At the time, EPA Regional Administrator Shawn Garvin said no more action was needed to protect the public health of Dimock residents, with regard to drinking water.

“The sampling and an evaluation of the particular circumstances at each home did not indicate levels of contaminants that would give EPA reason to take further action,” said Garvin. “Throughout EPA’s work in Dimock, the Agency has used the best available scientific data to provide clarity to Dimock residents and address their concerns about the safety of their drinking water.”

Garvin also emphasized at the time that the EPA’s mission in Dimock was not to investigate whether or not gas drilling caused the contamination, rather, to determine residents could safely drink their well water.
A spokesperson for the EPA in Washington, D.C.  recently told the Los Angeles Times that the leaked presentation was a “preliminary evaluation” conducted by one employee. The article does not include a copy of the document, but gives this description:

“The presentation provides charts for nine of the 11 Dimock-area wells, tracking natural gas production work in the area and the concentration of methane and metals over a four- to five-year period, depending on the well. Some wells underwent a “short-term disruption,” or a rise in methane in the water six to eight months after nearby gas development activity. Over two or three years, the concentration of methane fell.
Four other wells experienced long-term disruption to their water quality, according to the presentation. In those instances, methane levels did not fall over time but remained high after an initial increase or began to climb after a period of decline. The presence of metals such as manganese and arsenic also rose over time in some of those wells.”

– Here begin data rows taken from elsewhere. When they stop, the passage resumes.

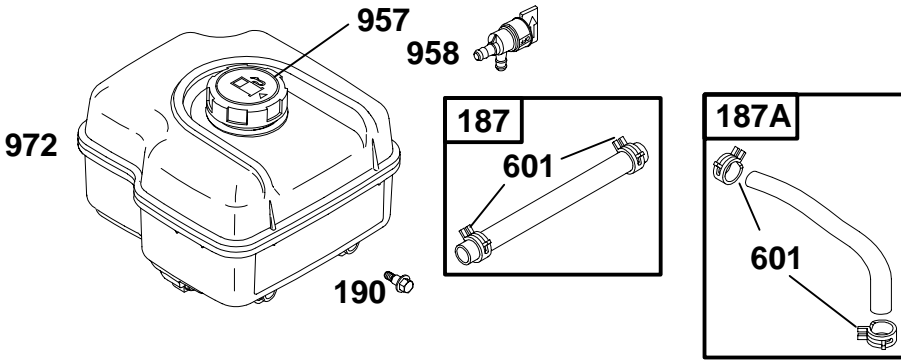

201400 to 201499

REF. NO.	PART NO.	DESCRIPTION	REF. NO.	PART NO.	DESCRIPTION	REF. NO.	PART NO.	DESCRIPTION
187	691050	Line-Fuel	601	95162	Clamp-Hose	958	692586	Valve-Fuel Shut Off (Plastic)
187A	695429	Line-Fuel	957	694261	Cap-Fuel	972	694260	Tank-Fuel
190	692127	Screw (Fuel Tank)						

★ Included in Gasket Set-Ref. No. 358.

△ Included in Valve Overhaul Kit-Ref. No. 1033.

● Included in Carburetor Overhaul Kit-Ref. No. 121.

◆ Included in Carburetor Gasket Set-Ref. No. 977.
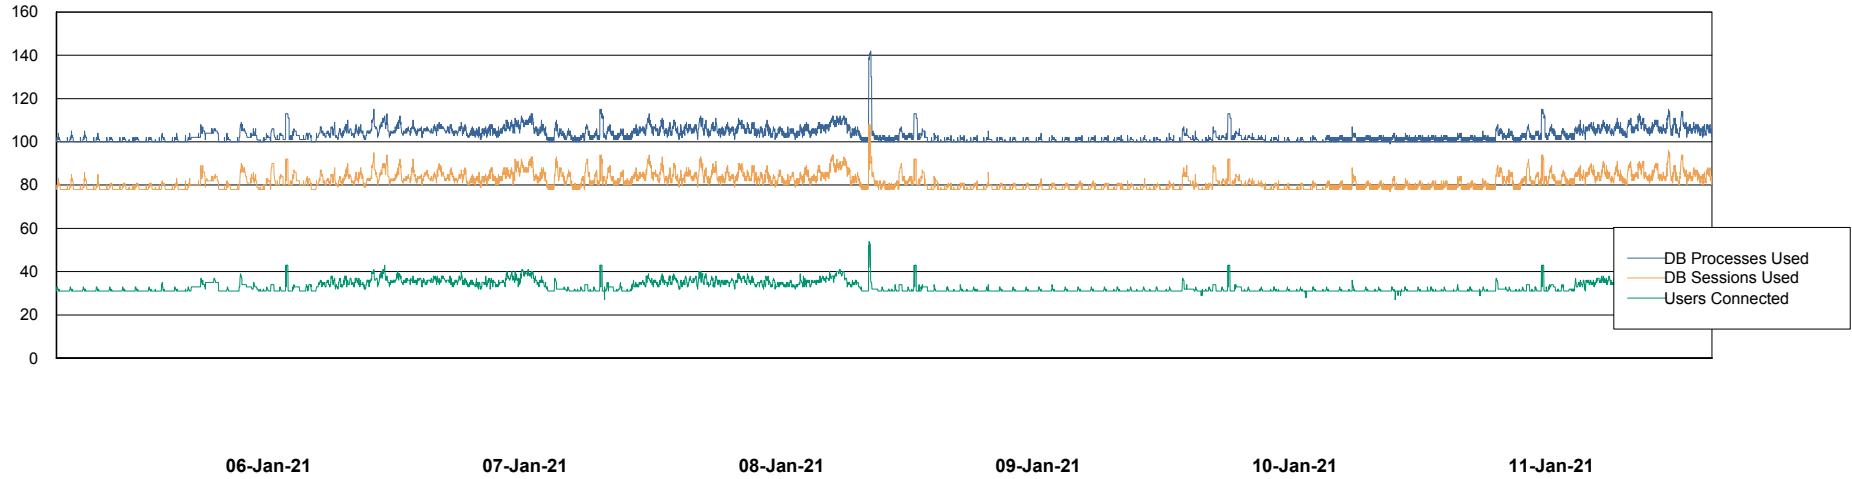

Database Performance STKDB_ABS1 Production Database

DB Processes Max 500
DB Sessions Max 776

In August 2012, shortly after the EPA ended its investigation of Dimock’s water wells, all but one of the families settled their lawsuit with Cabot Oil and Gas. Terms of the agreement are not public. But in a call with investors, near the time of settlement, Cabot Oil and Gas CEO Dan Dinges had this to say:

“The aggregate value of the settlements are not a material item with respect to Cabot’s financial statements. Resolution of this litigation will have a very positive impact on G&A going forward due to the reduction in cost of defense.”

In fact, Cabot has done well since that call, with 2012 production and revenue exceeding all expectations. The company’s recent second quarter report also shows its earnings more than doubled compared to last year.